I’m not sure how to approach this problem.
I require a big chunk of data records from the SQL server. This chunk is based on variables, so I don’t know before what records I need.
I need to do a large series of calculations and each calculation requires one (or more) records from this chunk of data. Again: I do not know which records are required.
Should I:
A. Load this data into the application memory all at once
- This creates a single connection to the DB, loads ALL required data by a query command (and a forward only DataReader) and then doesn’t bother the SQL server anymore.
- The datafetch seems to be slow, since it’s reading hundred of thousands of lines into memory
B. Whenever the calculation needs data, retrieve it from the database
- This would open and close a connection to the SQL db multiple times per second.
- The initial datafetch is reduced to only a few miliseconds, but creates a massive load on the SQL server during calculation.
8
Firstly, if you can turn your whole calculation in to an SQL query (or a series of queries or a stored procedure) then do so. Databases are good at this stuff, and you or a DBA may be able to do a lot to improve the query if it’s still too slow.
If not:
- Use a connection pool. Not doing so is usually crazy, unless you’re writing a script that only connects once or twice.

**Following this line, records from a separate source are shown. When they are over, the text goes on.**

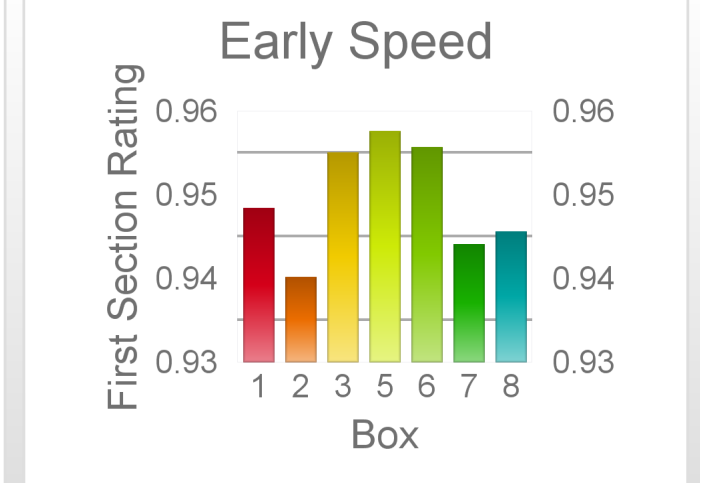

THE *get on!* CLUB

Date 17/9/2022 Track Gardens Race 5 Distance 400 Start 8:28 pm Rating 86 +/- 2.26 Early 94 +/- .63

Box	No	Greyhound	Trainer	Rating	Early	Late	Today	Min	Max	Career	Confidence	Odds	Class			
1	1	Blue Roamer	Sarah Kedwell	85	94	97	83	79	86	33	5	9	8	100	28.81	
2	2	Dubrovnik	Sarah Kedwell	82	94	96	86	83	89	37	7	1	5	76	4.94	
3	3	Scamster	Geoffrey Sattler	88	95	98	88	85	91	26	7	2	4	93	2.07	
5	5	Turbo Power	Stephen Atkins	88	95	98	86	82	89	16	5	6	2	82	5.08	^
6	6	Ziping Aussie	Lisa Hutton	88	95	97	84	82	87	16	4	8	2	100	10.34	
7	7	Good Job Bob	Brian Smoothy	83	94	97	83	80	87	88	13	9	14	91	19.09	
8	8	Prince Wylde	Carole Eaton	86	94	98	85	82	88	74	15	11	10	94	7.4	

The "Secret Ratings" greyhound rating service is exclusively available to Get On Club paid members only

<https://geton.club>
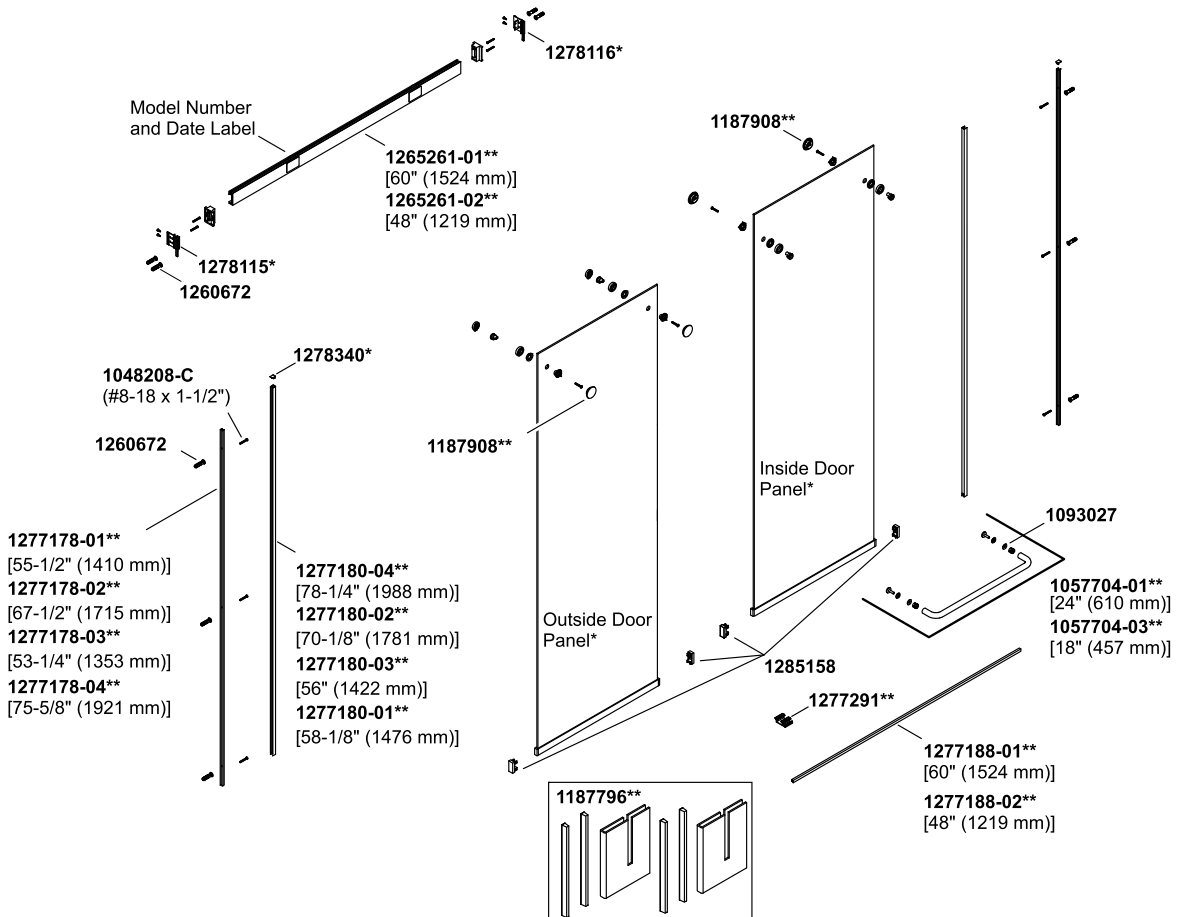

# Levity®

Sliding shower door, 82" H x 44-5/8" - 47-5/8" W, with 3/8" thick Crys K-706011-L-SHP

Levity Manufactured Prior to 11/27/16

Top Bumper has Kohler logo along the side.

© 2017 Kohler Co.

Levity®

Sliding shower door, 82" H x 44-5/8" - 47-5/8" W, with 3/8" thick Crys K-706011-L-SHP

# Levity®

Sliding shower door, 82" H x 44-5/8" - 47-5/8" W, with 3/8" thick Crys K-706011-L-SHP

Levity Manufactured After 11/27/16

Top Bumper has Kohler logo horizontally on the bottom.

Sliding shower door, 82" H x 44-5/8" - 47-5/8" W, with 3/8" thick Crys K-706011-L-SHP

- If you’re testing this in a development environment with a local DB, beware that there can be a big difference in performance characteristics compared to a production one and don’t over-optimize based on what you measure. Network delays in particular could catch you out. Fetching one row at a time may be fine with a low network latency, and awful with a high one.
- Database sizes are usually bigger in production, and go up over time. If you fetch all the data in advance you could get caught out and run out of memory (unless you know more about your data then we do…).
- As Pieter B suggests, you’re probably better fetching data in batches if you really need a large number of rows. Then you’ll neither blow everything else out of your server’s memory, nor have a network latency and query overhead on every row. It’ll also help if you want to report progress to the user.
- If you’re really serious about making it go as fast as possible and not using SQL to do it, then you could try parallelizing your code. Then you can be calculating with one set of data whilst fetching the next, and if your production DB has multiple cores and disks you can parallelize in the DB, too. You could also look at caching, if that’s appropriate (memcached and similar, or directly in your server if you know your data sizes well enough).